(TASK TO CARRY OUT)
Lines in the listing below that hold "cartes" are the ones to copy.
= Beginning of Section =
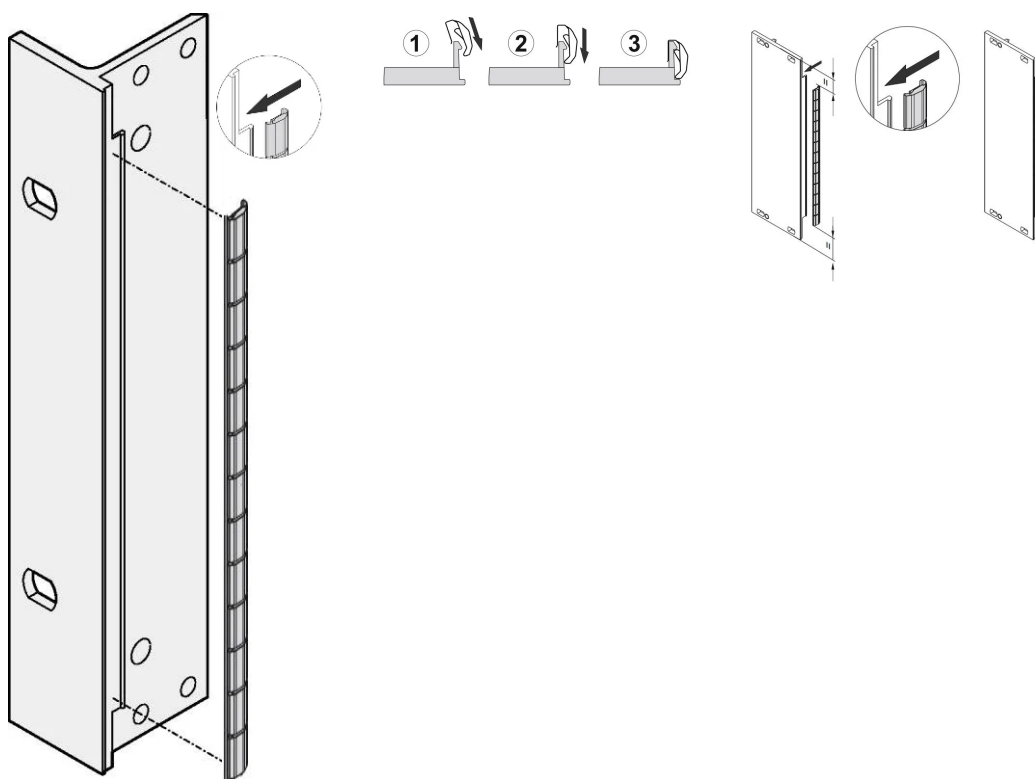

Front Panel EMC Stainless Steel Shielding Kit, for U-Shaped front panels, 5 U, 10 Pieces

RÉFÉRENCE CATALOGUE

21102-117

Les joints CEM en acier inoxydable sont insérés dans un emplacement sur le côté droit des faces avant en forme de U.

Le joint sera clipsé sur le support droit de la face avant, l'équerre 19" ou le profil arrière du bac à cartes

FONCTIONS

Le joint CEM en acier inoxydable pour faces avant en forme de U SCHROFF, offre d'excellentes performances en matière d'efficacité du blindage et une plage de températures très étendue allant de -200 à +160 °C.

Montage facile, joint à clipser sur le côté droit de la face avant, l'équerre 19" ou le profil arrière du bac à cartes

Plage de températures allant de -200 à +160 °C.

ATTRIBUTS DU PRODUIT

Hauteur du rack: 5U

Quantité par colis: 10

Matériau: Acier inoxydable

Famille de produits: EuropacPRO; RatiopacPRO; RatiopacPRO Air; PropacPRO; Cassette

Type de produit: Kit de blindage

Largeur du rack: 10HP

Compatible avec: Bacs à cartes; Coffrets; Faces avant
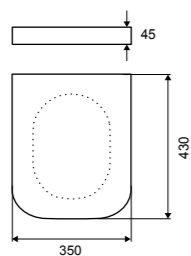

Унитаз без ободка

**Ness**

Плавно опускающиеся сиденье.белое

Размер (мм)	Артикул
350 x 430	CENL.3515.500.WH

Характеристика:

Плавно опускающееся сиденье

Устойчивость к царапинам

**Ness Q**
= End of Section =
(ANSWER FOR THIS EXERCISE)
Le joint sera clipsé sur le support droit de la face avant, l'équerre 19" ou le profil arrière du bac à cartes
Montage facile, joint à clipser sur le côté droit de la face avant, l'équerre 19" ou le profil arrière du bac à cartes
Compatible avec: Bacs à cartes; Coffrets; Faces avant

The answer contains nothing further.